REQUIRED WORK: Without the pictures, restate all of the data below word for word.

SUPPLIED RECORDS:

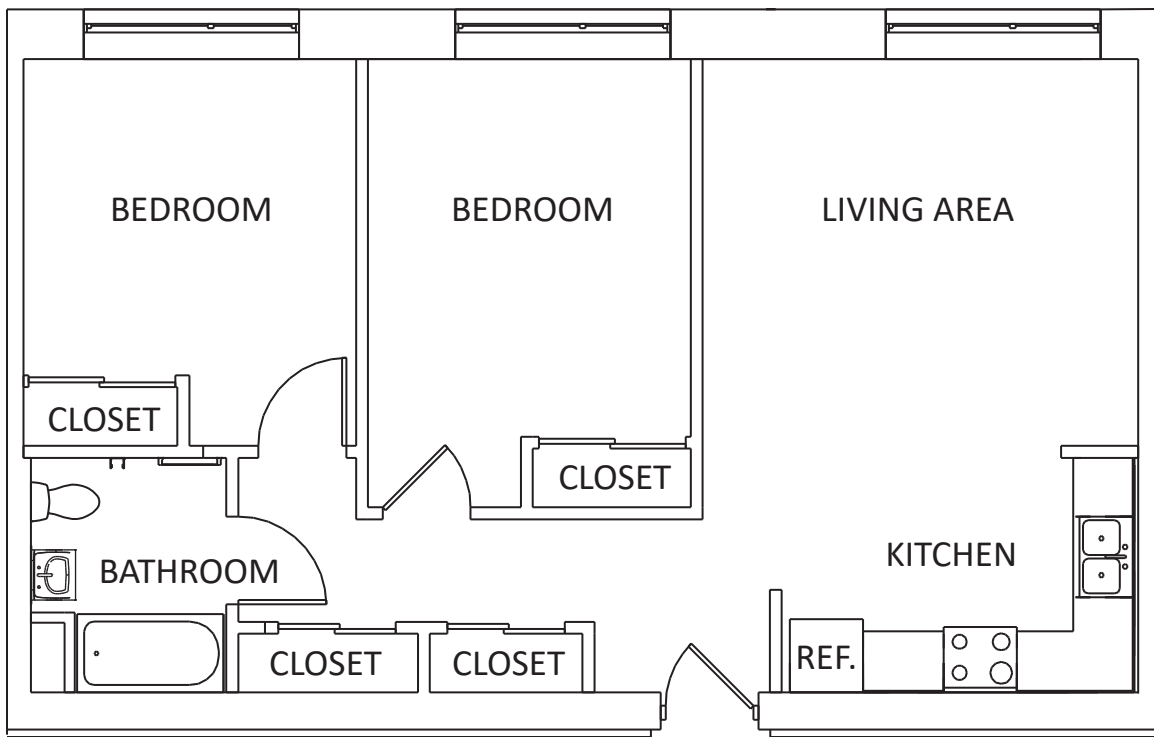

BRAINERD SENIOR CENTER

8915 S. Loomis Street
Chicago, IL 60620

TWO BEDROOM

Unit Type 5
817 sq. ft.

FULL CIRCLE
communities

Your actual apartment may look different from the floor plan shown. Sizes and layouts vary by unit.
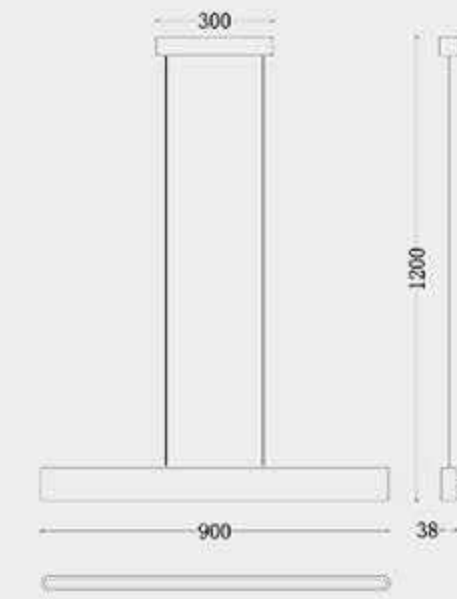

MD8301-900+3
 MD8301-1200+6
 MD8301-1500+6

Size: 900*38*85mm
 Bulb: LED 15W+3W 3000K (with spot light)
 Size: 1200*38*85mm
 Bulb: LED 20W+6W 3000K (with spot light)
 Size: 1500*38*85mm
 Bulb: LED 24W+6W 3000K (with spot light)
 Material: aluminum
 Color: Whaki White/Whaki Grey
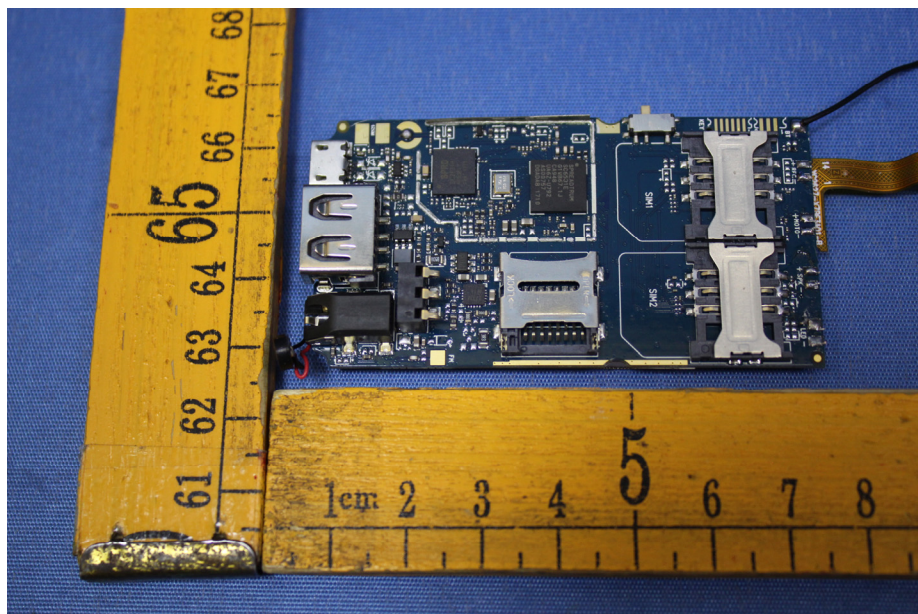

EUT – Internal View Model SNAP MAX FCC ID: GAO-SSMAX

Appendix WTS17S0991465E_Photo

Appendix WTS17S0991465E_Photo

====End=====
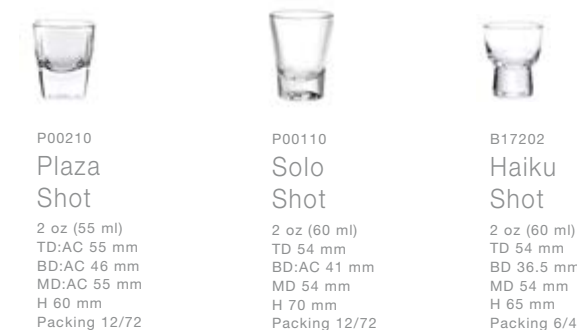

Drink Shooter

Plaza Shot / Solo Shot / Haiku Shot

P00210
Plaza Shot
2 oz (55 ml)
TD:AC 55 mm
BD:AC 46 mm
MD:AC 55 mm
H 60 mm
Packing 12/72

P00110
Solo Shot
2 oz (60 ml)
TD 54 mm
BD:AC 41 mm
MD 54 mm
H 70 mm
Packing 12/72

B17202
Haiku Shot
2 oz (60 ml)
TD 54 mm
BD 36.5 mm
MD 54 mm
H 65 mm
Packing 6/48

Drink Beer Mug

Lugano / Munich / Playboy / Berliner
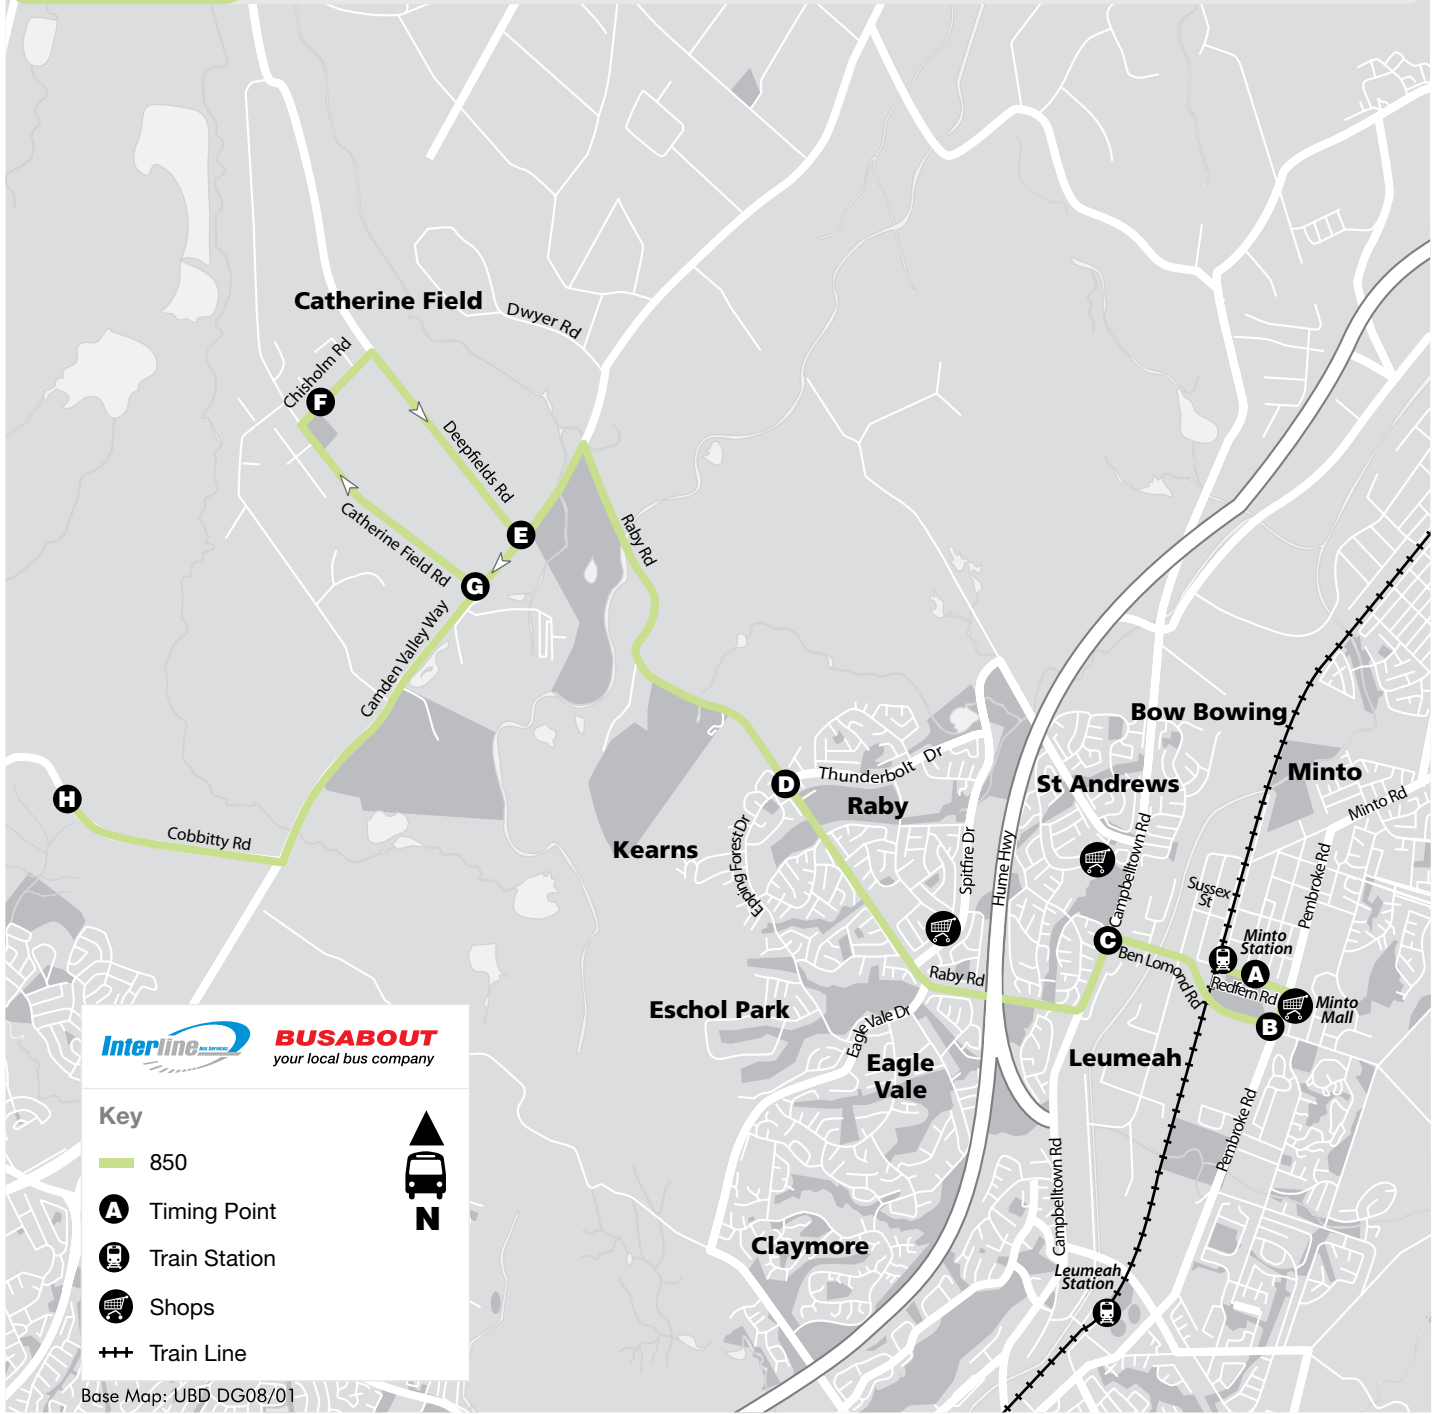

Route **850**

Bus Route Map

BUSABOUT

BUSABOUT
your local bus company

Key

- 850
- Timing Point
- Train Station
- Shops
- Train Line
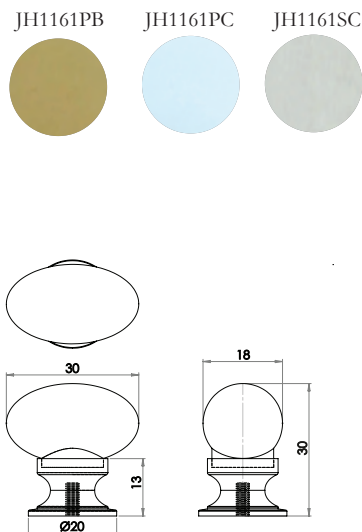

Available finishes
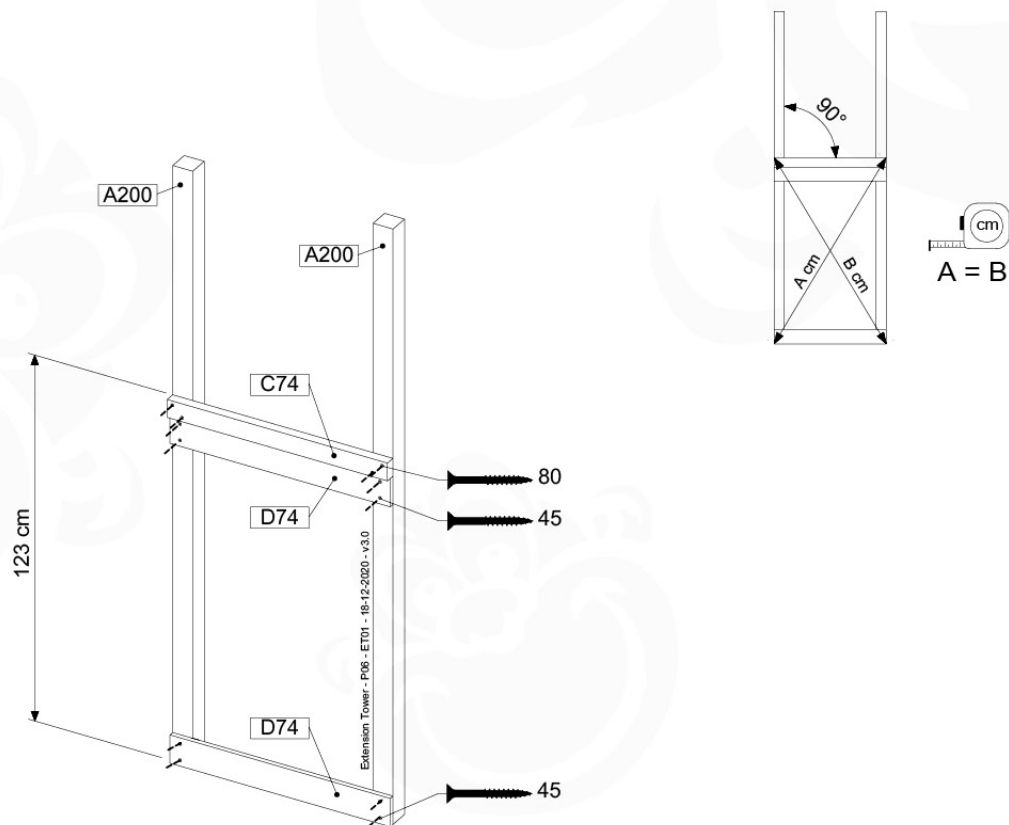

Base Tower - P10 - BT03 - 18-12-2020 - v3.0

07-1

07-2

07-3

08 Extension Tower

ET01

(194_100)

	PartNo	PartName	QTY.
Hardware Pack 100_600	001_406	Stealth Screw 8x45	4
	002_220	Gap Point Screw T25 - 5x45	60
	002_223	Gap Point Screw T25 - 5x80	12
Other	007_001	Ground-anchor	2
Hardware Pack 100_600	022_31x	bpc-base version 3	2
	022_84x	bpc cover	2
Wood	A200	Post 70x70 L2000	2
	C74	Beam 740 mm	3
	D60	Board 600 mm	9
	D74	Board 740 mm	6

Extension Tower - P02 - ET01 - 18-12-2020 - v3.0

Figure 08-1: Extension Tower

08-1

08-2

08-3

09 Balustrade (1x)

BL01

(194_101)

	PartNo	PartName	QTY.
Hardware Pack 100_601	002_220	Gap Point Screw T25 - 5x45	16
	002_223	Gap Point Screw T25 - 5x80	4
Wood	C74	Beam 740 mm	1
	D65	Board 650 mm	4

Balustrade 80 - PO2 U - 8-10-2021 - v3.1

SOLUTION TO THE PROBLEM:
BRAINERD SENIOR CENTER

8915 S. Loomis Street
Chicago, IL 60620

TWO BEDROOM

Unit Type 5
817 sq. ft.

FULL CIRCLE
communities

Your actual apartment may look different from the floor plan shown. Sizes and layouts vary by unit.

MD8301-900+3
 MD8301-1200+6
 MD8301-1500+6

Size: 900*38*85mm
 Bulb: LED 15W+3W 3000K (with spot light)
 Size: 1200*38*85mm
 Bulb: LED 20W+6W 3000K (with spot light)
 Size: 1500*38*85mm
 Bulb: LED 24W+6W 3000K (with spot light)
 Material: aluminum
 Color: Whaki White/Whaki Grey

EUT – Internal View Model SNAP MAX FCC ID: GAO-SSMAX

Appendix WTS17S0991465E_Photo

Appendix WTS17S0991465E_Photo

====End=====

Drink Shooter

Plaza Shot / Solo Shot / Haiku Shot

P00210
Plaza Shot
2 oz (55 ml)
TD:AC 55 mm
BD:AC 46 mm
MD:AC 55 mm
H 60 mm
Packing 12/72

P00110
Solo Shot
2 oz (60 ml)
TD 54 mm
BD:AC 41 mm
MD 54 mm
H 70 mm
Packing 12/72

B17202
Haiku Shot
2 oz (60 ml)
TD 54 mm
BD 36.5 mm
MD 54 mm
H 65 mm
Packing 6/48

Drink Beer Mug

Lugano / Munich / Playboy / Berliner

Route **850**

Bus Route Map

BUSABOUT

BUSABOUT
your local bus company

Key

- 850
- Timing Point
- Train Station
- Shops
- Train Line

Available finishes

Base Tower - P10 - BT03 - 18-12-2020 - v3.0

07-1

07-2

07-3

08 Extension Tower

ET01

(194_100)

	PartNo	PartName	QTY.
Hardware Pack 100_600	001_406	Stealth Screw 8x45	4
	002_220	Gap Point Screw T25 - 5x45	60
	002_223	Gap Point Screw T25 - 5x80	12
Other	007_001	Ground-anchor	2
Hardware Pack 100_600	022_31x	bpc-base version 3	2
	022_84x	bpc cover	2
Wood	A200	Post 70x70 L2000	2
	C74	Beam 740 mm	3
	D60	Board 600 mm	9
	D74	Board 740 mm	6

Extension Tower - P02 - ET01 - 18-12-2020 - v3.0

Figure 08-1: Extension Tower

08-1

08-2

08-3

09 Balustrade (1x)

BL01

(194_101)

	PartNo	PartName	QTY.
Hardware Pack 100_601	002_220	Gap Point Screw T25 - 5x45	16
	002_223	Gap Point Screw T25 - 5x80	4
Wood	C74	Beam 740 mm	1
	D65	Board 650 mm	4

Balustrade 80 - PO2 U - 8-10-2021 - v3.1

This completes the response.